■ PROVIDED RECORDS ■
▬▬▬▬▬▬
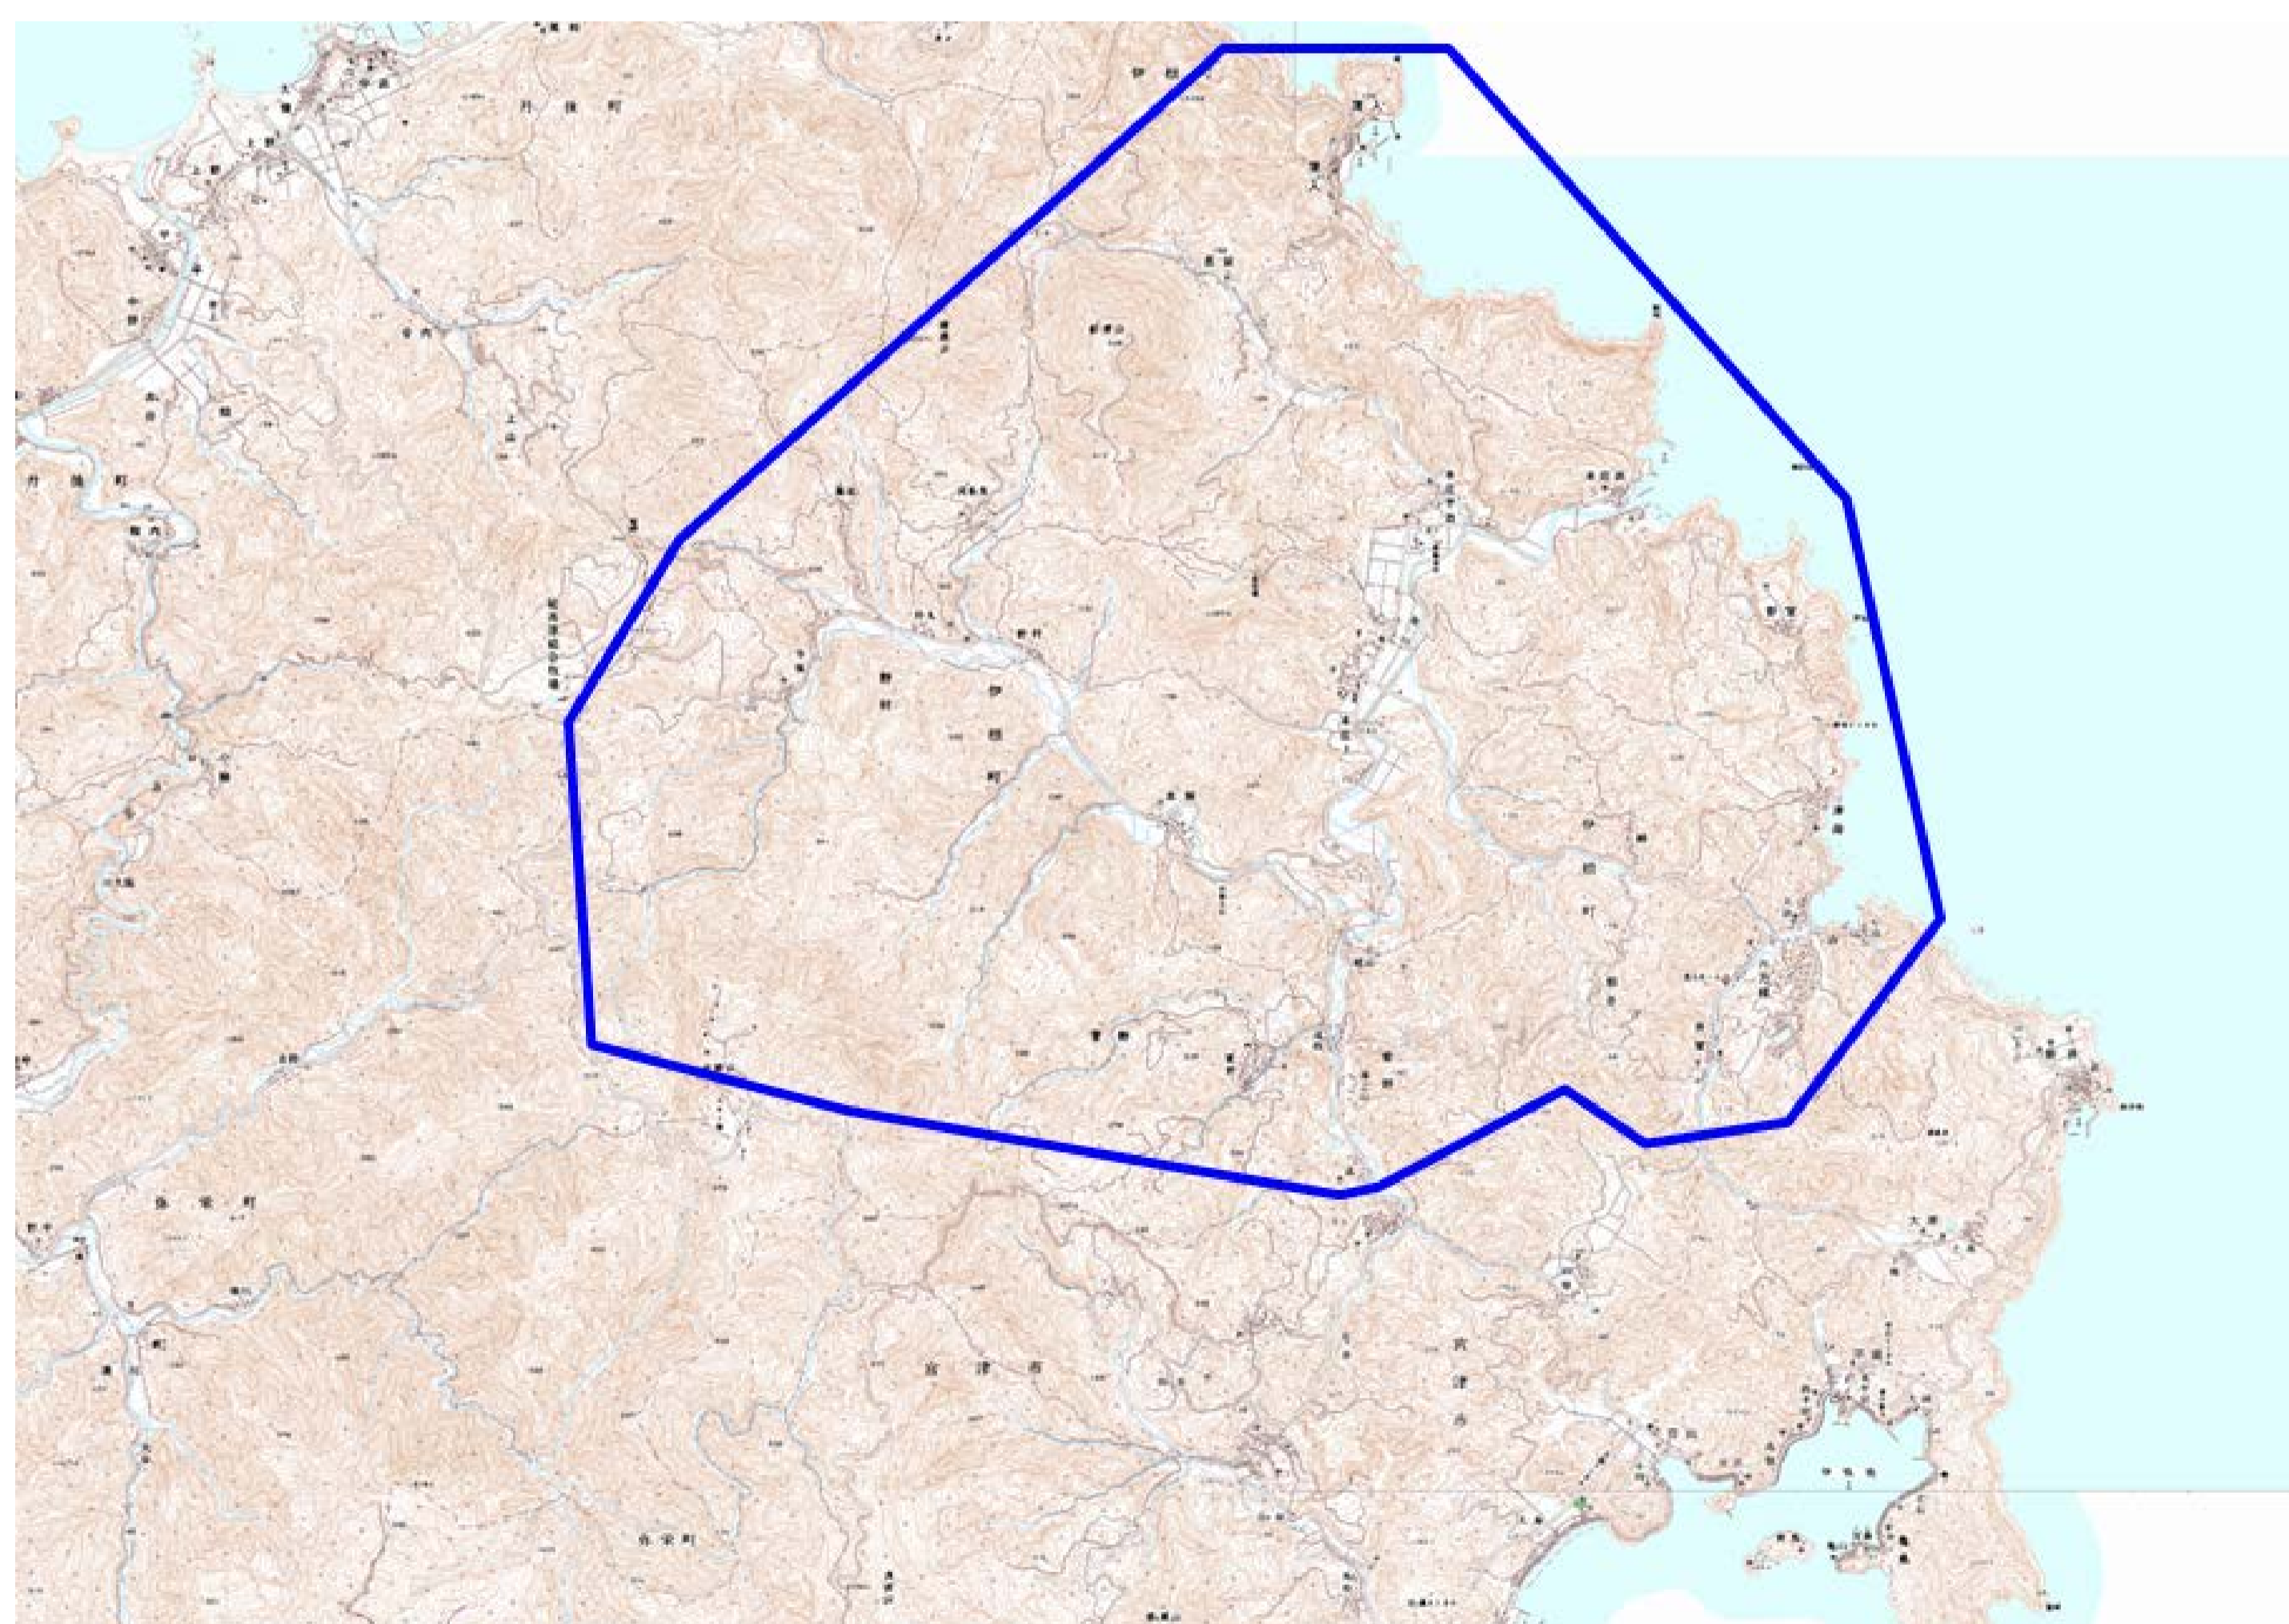

デジタル混信の発生地域に対する対策計画（地区別）

都道府県名
京都府

管理番号・
2626004

自治体コード	住 所
26463	京都府与謝郡伊根町蒲入 他

地上デジタル放送の受信状況							
	NHK総合	NHK教育	毎日放送	朝日放送	関西テレビ放送	読賣テレビ放送	京都放送
受信局所名	舞鶴	舞鶴	舞鶴	舞鶴	舞鶴	舞鶴	舞鶴
地上デジタル放送の受信状況	○	×混信(F)	×混信(F)	×混信(F)	×混信(F)	×混信(F)	×混信(F)

受信状況の内訳
 ○ :良好に受信可能
 ×混信 :混信により受信困難

対策計画							
	NHK総合	NHK教育	毎日放送	朝日放送	関西テレビ放送	読賣テレビ放送	京都放送
対策手法		受信点移設	受信点移設	受信点移設	受信点移設	受信点移設	受信点移設
難視世帯数		614	614	614	614	614	614
対策年度		2014	2014	2014	2014	2014	2014
対策済み世帯数		0	0	0	0	0	0
未対策世帯数		614	614	614	614	614	614

範囲図

この地図は、国土地理院長の承認を得て、同院発行の数値地図25000（地図画像）を複製したものである。（承認番号 平23情複、第184号）
 枠内：難視範囲

備考
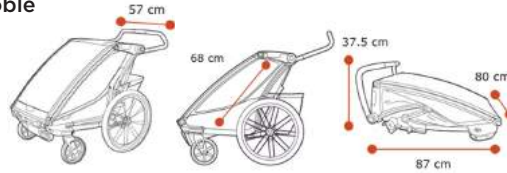

› Dimensiones

Individual

Paso por Puerta: 65cm

Peso máximo del niño: 22kg

Peso: 11,7kg

Doble

Paso por Puerta: 80cm

Peso máximo del niño: 2x22kg
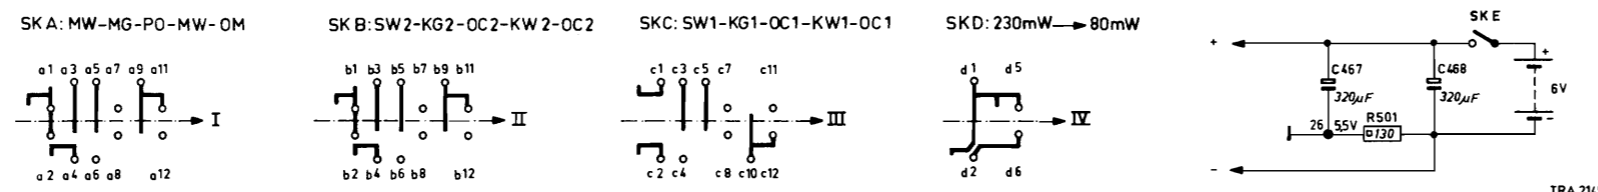

servicegegevens

M	1	6, 8	9	10	7, 5, 2	3, 4, 11	12	13	20, 21	14	16, 15	17	18, 19	22	23, 25	24	27	29, 28, 35	38, 32, 34	33, 37, 26	30, 31, 36	
S					412a-b, 413a-b, 414a-b					419a-b-c												423, 424
C	430a	434, 431, 432, 433	435	437, 430b, 438, 445, 444, 441	440, 448	450	451	452		453	454			456, 455	457	458	460	461	462, 463	467	464, 468	
R			471, 470	473, 474		476	478	477, 479	480, 481	482	484, 483	485	486, 488	489, 490	492, 491, 497	499, 493, 494, 496	500, 495, 498, 501					

- BEDIENINGSORGANEN
- 1 Geluidssterkte + aan/uit (R488 + SK-E)
 - 2 Spaarschakelaar (SK-D)
 - 3 Kortegolf 1 (SK-C)
 - 4 Kortegolf 2 (SK-B)
 - 5 Middengolf (SK-A)
 - 6 Afstemming (C430a, b)
 - 7 Oortelefoonaansluiting (SK-F)
 - 8 Babyfoonaansluiting (SK-G)

Snaarlangte 280 mm

Voor verdere gegevens en trimvoorschriften wordt verwezen naar de volledige servicedocumentatie.

S			417	416	413	415	412	418	419	420	421					
C	430 a	430 b	444, 433, 441	446,	440,	432,	431, 434,	437, 445, 434, 450, 435, 438, 451, 453, 454,	452,	455, 456,	457, 458,	467,	460,	464,	461, 463, 462,	468,
R					474,			471, 470, 473, 479, 477, 476,	482, 480,	481,	483, 478,	486, 485, 484, 498, 489,	501, 490, 499,	497, 491,	496, 493, 495,	500, 492, 494,
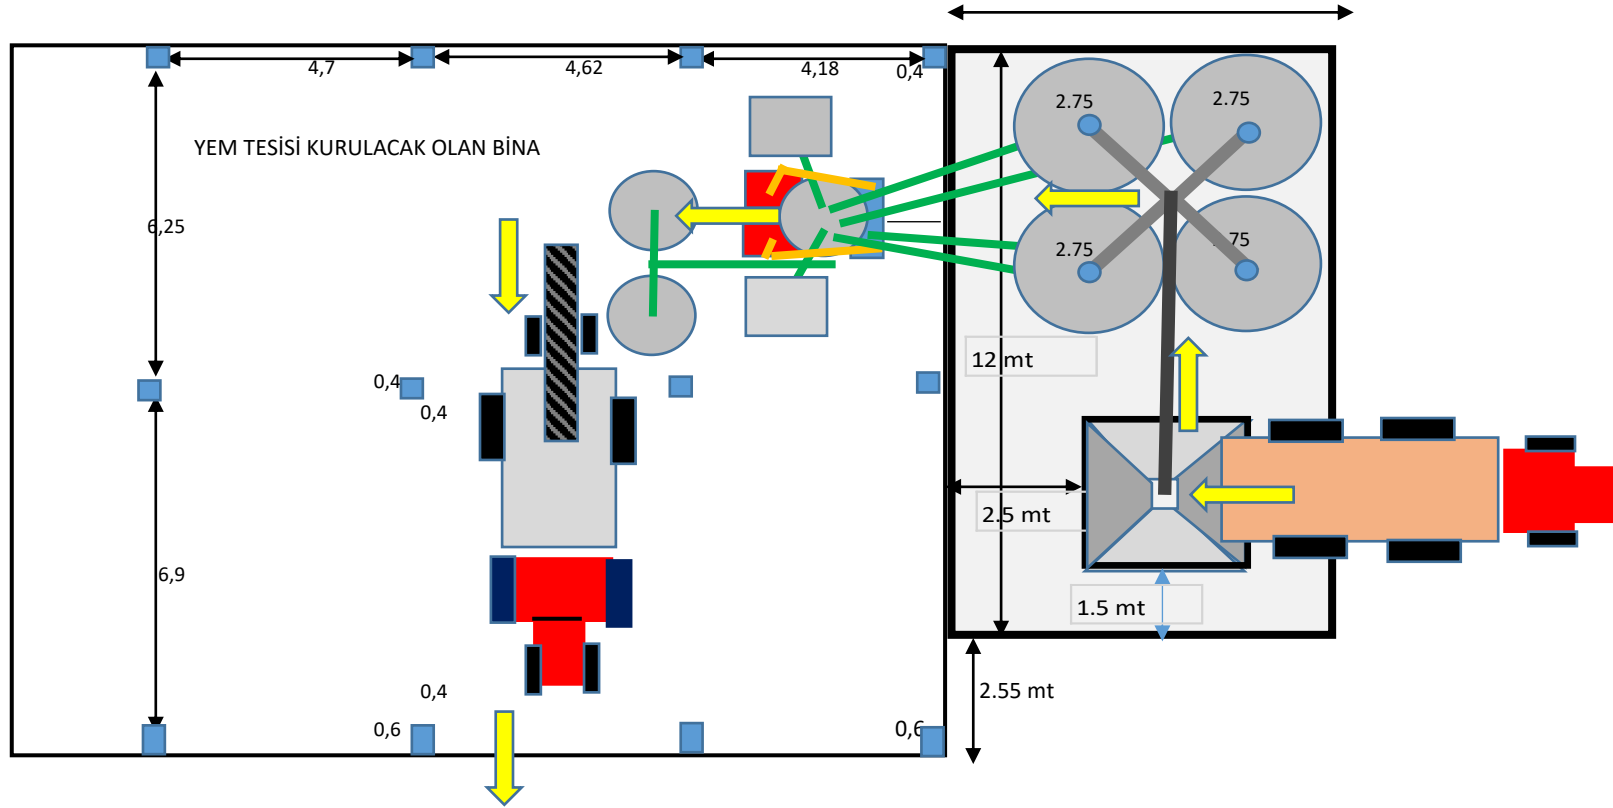

ÇUKURKUYU KASABASI 51/3 TARIMSAL KALKINMA KOOPERATİFİ  
5 Ton /saat KAPASİTELİ TAM DOZAJ OTOMASYONLU YEM HAZIRLAMA TESİSİ  
MAKİNE YERLEŞİM PLANI VE YEM AKIŞ DİAGRAMI

ÖZTAN GIDA SANAYİ VE TİC. LTD ŞTİ.
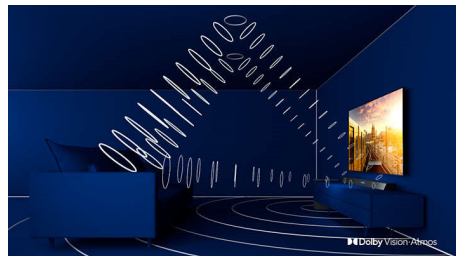

Dolby Vision + Dolby Atmos

Understøttelse af Dolbys førsteklasses lyd- og videoformater betyder, at det HDR-indhold, du ser, vil se fantastisk ud og lyde fantastisk. Du vil nyde et billede, der afspejler instruktørens oprindelige intentioner, og opleve fyldig lyd med ægte klarhed og dybde.
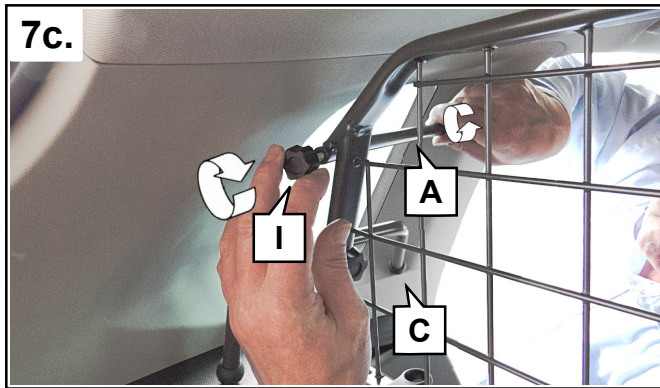

TDG 1486

FITTING INSTRUCTION / INSTRUCTION DE MONTAGE / EINBAUANLEITUNG /
ISTRUZIONI PER L'USO / INSTRUCCIONES DE MONTAJE / MONTAGEHANDLEIDING

VW TIGUAN 2016-ON

DOG GUARD / GRILLE PROTECTRICE POUR CHIEN / HUNDEGITTER /
RIPARO PER CANI / DEFENSA PARA PERROS / HONDEREK
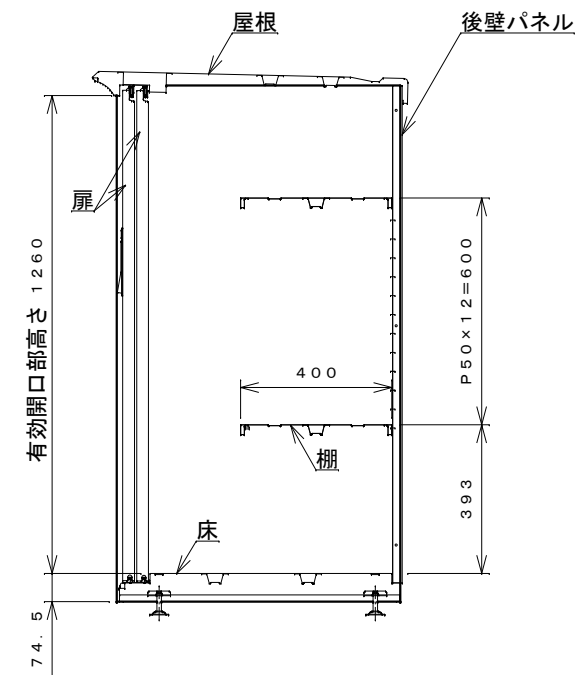

正面図

右側面図

側面断面図

棚高さは床上面より、最低393から最高993まで50間隔で13段階に調節可能です。

平面断面図

ブロック並べ図

仕様大要

品名	板厚	材質	仕上げ
床	t 0.8	亜鉛鉄板	ポリエステル系樹脂塗装
左右壁	t 0.5	"	"
後壁パネル	t 0.4	"	"
壁つなぎ	t 0.8	"	"
屋根	t 0.5	"	"
扉	t 0.6	"	アクリル系樹脂塗装 (ホワイトはポリエステル系樹脂塗装)
棚(2枚)	t 0.4	"	ポリエステル系樹脂塗装

名称	タクボ物置「グランプレステージ」 GP-97CF 仕様図
----	---------------------------------

株式会社 田窪工業所
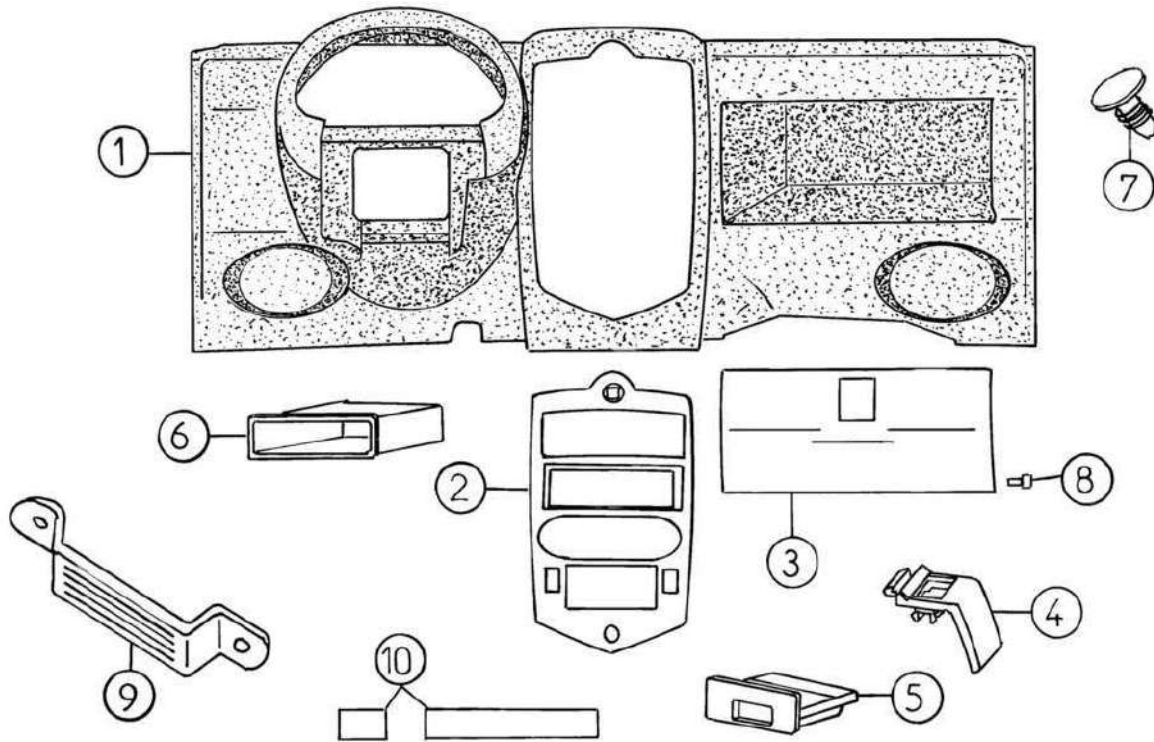

Peças

Carroçaria

-->VLGK34VBAA3089452

Item	Referência	Descrição	Qua	Notas
1	7AA123	TABLIER	1	☞
2	7AA127	CONSOLA	1	
2	7AA127A	CONSOLA	1	
3	7AA178	TAMPA DO PORTA LUVAS	1	
4	7AA179	FECHO DO PORTA LUVAS	1	
5	7K124	CENDRIER	1	
6	7G304	BOLSA LATERAL	1	
7	7AA031	AGRAFE TABLEAU DE BORD	1	
8	7R181	CHARNIERE DE BOITE A GANTS	2	
9	7AP352	POIGNEE MAINTIEN	1	
10	7AA222	KIT DECORAÇÃO DA CONSOLA ALUM.	1	
11	7AA461	Support tableau de bord	1
▬▬▬▬▬▬
■ TASK PROMPT ■
Go through the listing above and find each line containing the string "Peso"; copy those lines.

■ ANSWER SPACE ■
Peso máximo del niño: 22kg
Peso: 11,7kg
Peso máximo del niño: 2x22kg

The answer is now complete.